Performance-hungry, gamer-focused phones like the ASUS ROG Phone 5 can use as much bandwidth as you can give them to feed game data to processors and deliver incredibly fine screen resolution and high frame rates. These devices boast displays with a 144Hz refresh rate and 300Hz touch sample rate. These capabilities demand ample bandwidth for processing game data in memory for an optimal visual and audio experience. And multiplayer gaming over 5G networks requires ultralow latency for real-time action. Overall, these advanced workloads require higher memory performance and lower energy consumption. LPDDR5 offers both, avoiding 5G bottlenecks by processing data at peak speeds of up to 6.4 Gb/s.
“Today’s mobile gamers are incredibly discerning when it comes to technology, requiring the lowest latency, seamless rendering and utmost responsiveness,” said Bryan Chang, general manager of the ASUS Smartphone Business Unit. “Tapping Micron LPPDR5’s topline performance, our ROG Phone 5 gives mobile gamers an edge on the competition with ultrafast speeds and cinematic graphics to feed bandwidth-hungry, real-time multiplayer gaming.”

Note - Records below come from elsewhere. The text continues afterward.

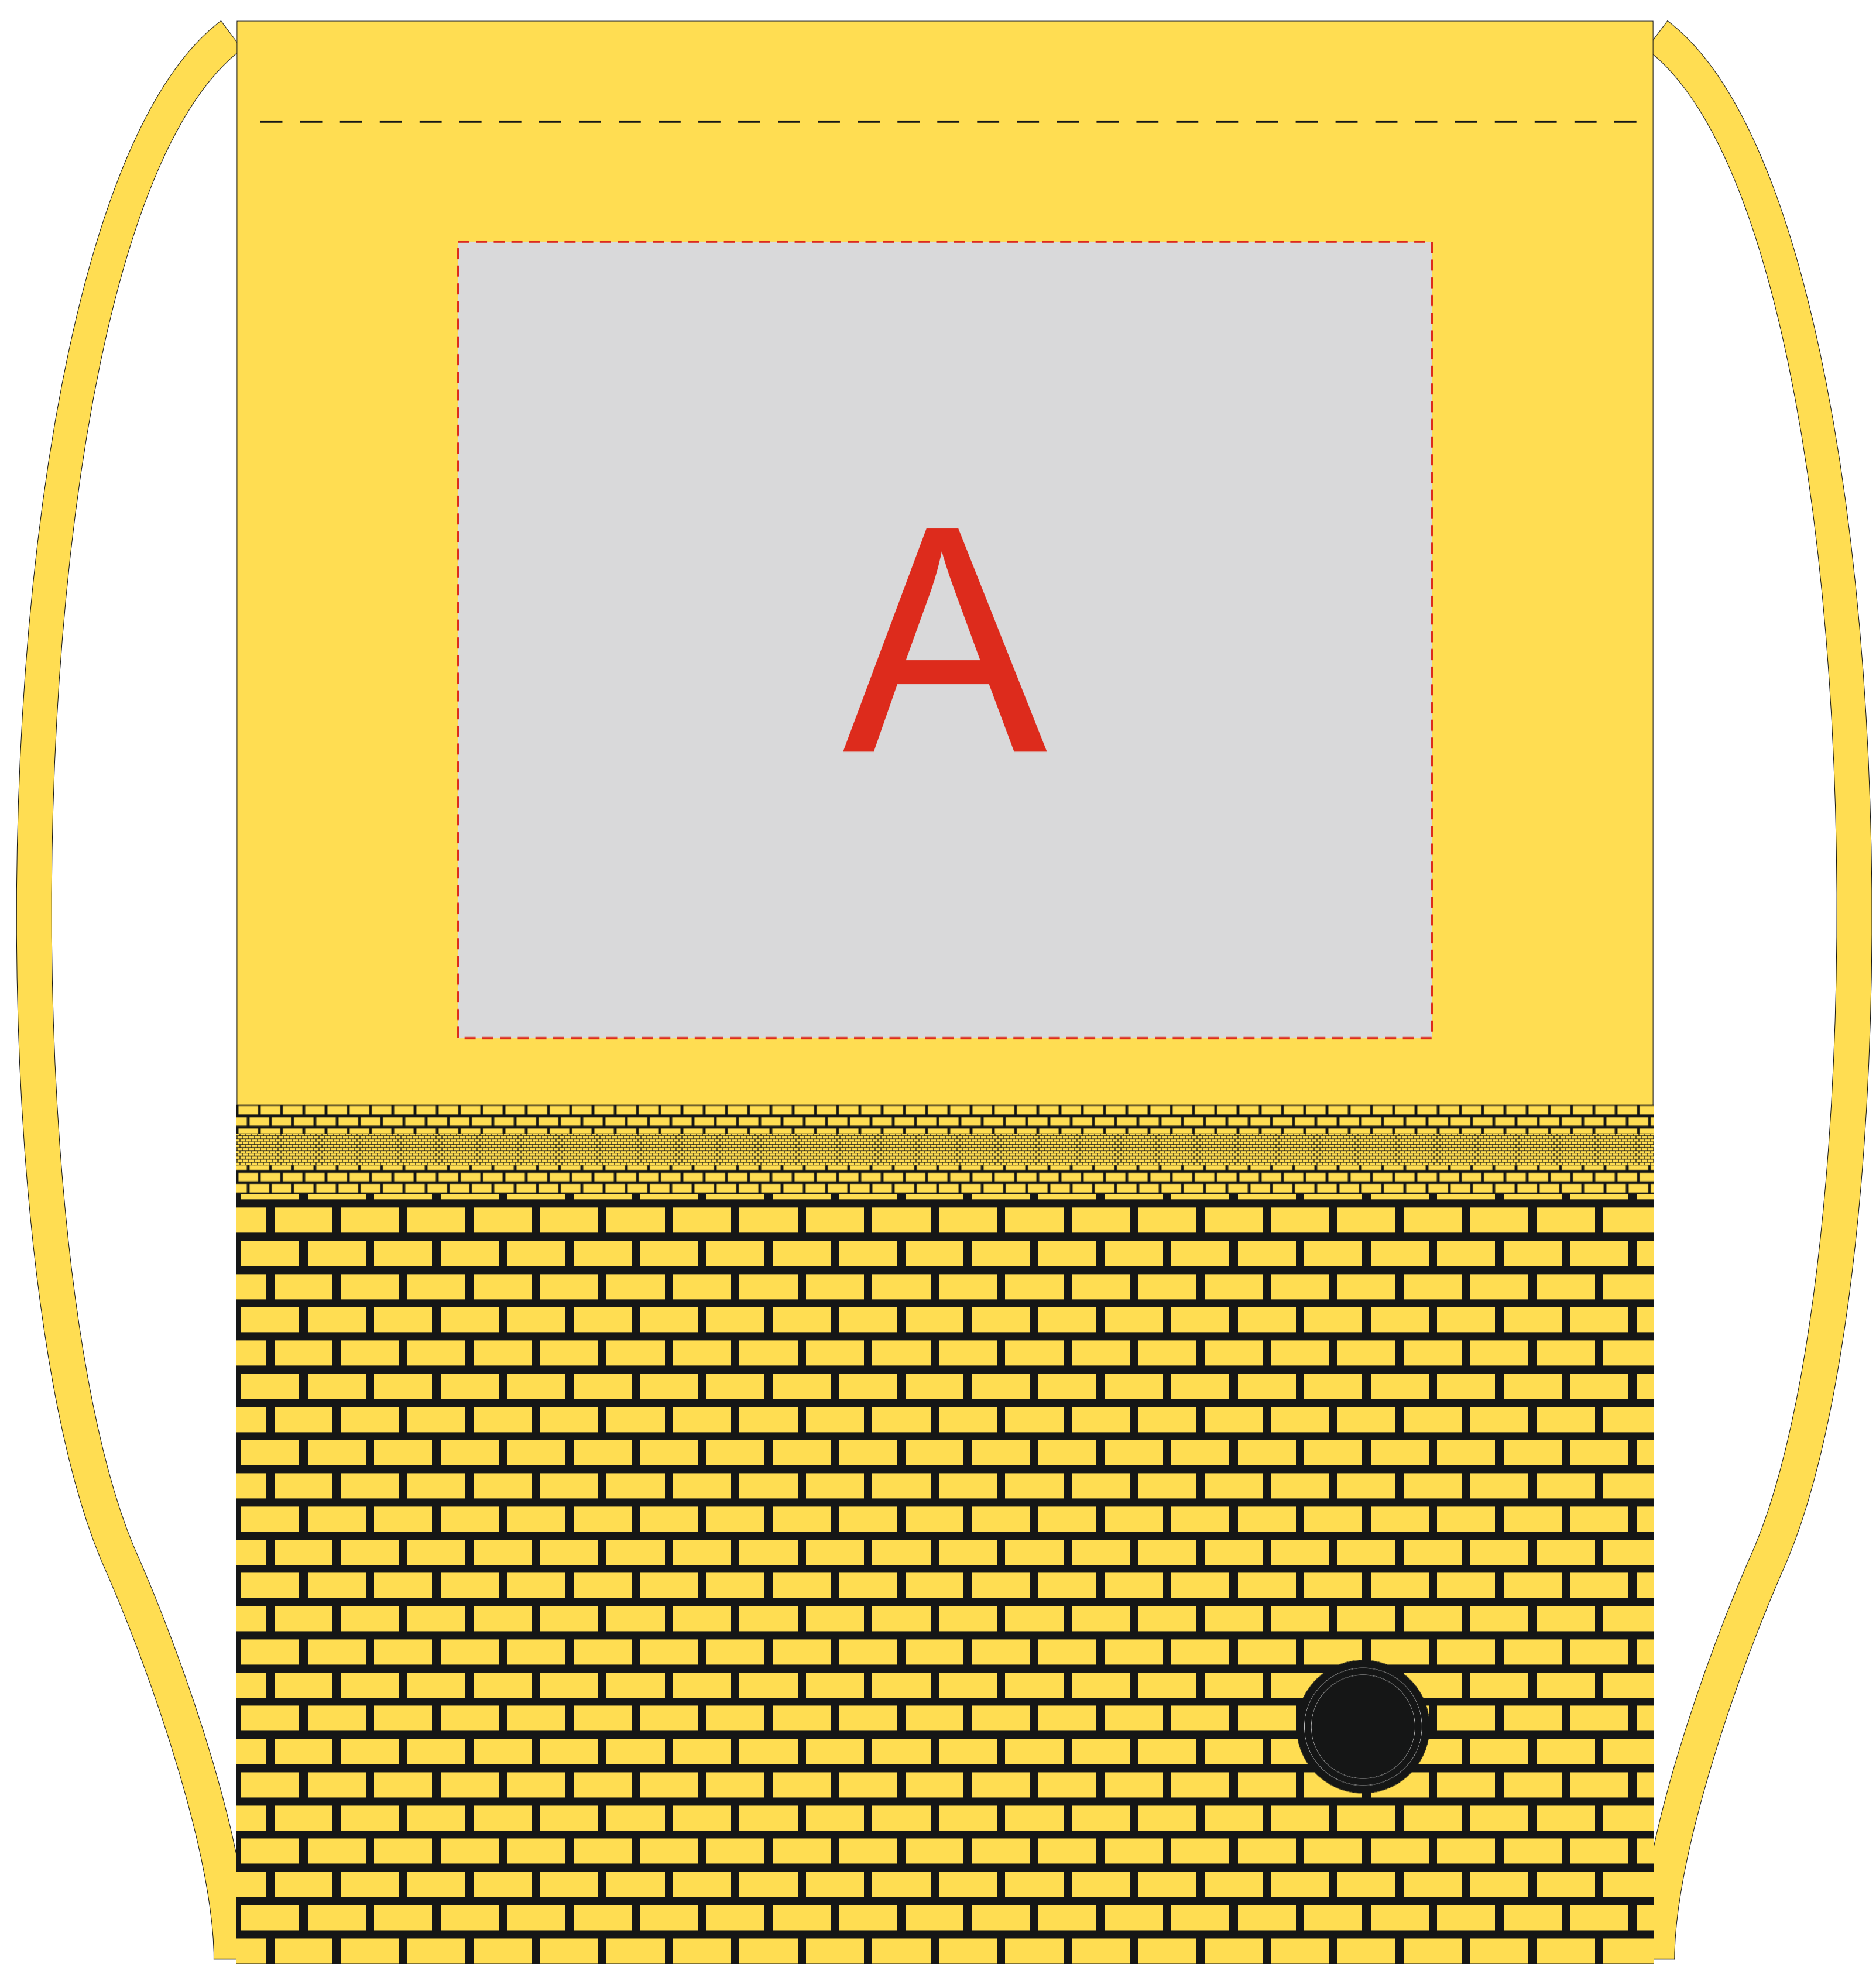

Лицо

Оборот

А	Вид нанесения	Макс площадь (Ш*В)
	Трафаретная печать	220x180мм
	Трафаретная печать (1+0)	220x180мм
	Вышивка	200x150мм
	Термотрансфер	220x180мм

В	Вид нанесения	Макс площадь (Ш*В)
	Трафаретная печать	220x250мм
	Трафаретная печать (1+0)	220x250мм
	Вышивка	220x230мм
	Термотрансфер	220x330мм

Bringing premium features to affordable phones
Balancing performance and cost, LPDDR5 also helps bring premium photography, gaming and video experiences to affordable phones like the Motorola’s moto g100. The g100 is equipped with forward- and rear-facing cameras that are ideal for capturing the perfect shots for social media feeds and recording 4K video at up to 60 frames per second or 6K at up to 30 frames per second. The display has a 90Hz refresh rate for smooth mobile-gaming graphics. LPDDR5 performance in a cost-effective package accelerates these features once reserved for flagship phones.
“Supported by LPDDR5’s flagship-level performance, our Motorola moto g100 makes emerging technologies such as best-in-class gaming, multicamera support and 5G connectivity more accessible for the masses,” said Thomas Milner, head of product marketing at Motorola. “Micron LPDDR5’s superior power efficiency enables multitasking across data-intensive apps with sustained battery life — offering versatility and endurance across work, life and play.”
Balancing power efficiency and performance
Micron’s industry-leading LPDDR5 extends the rich portfolio of mobile products that balance performance and power efficiency to match workload and system requirements for a wide variety of smartphones.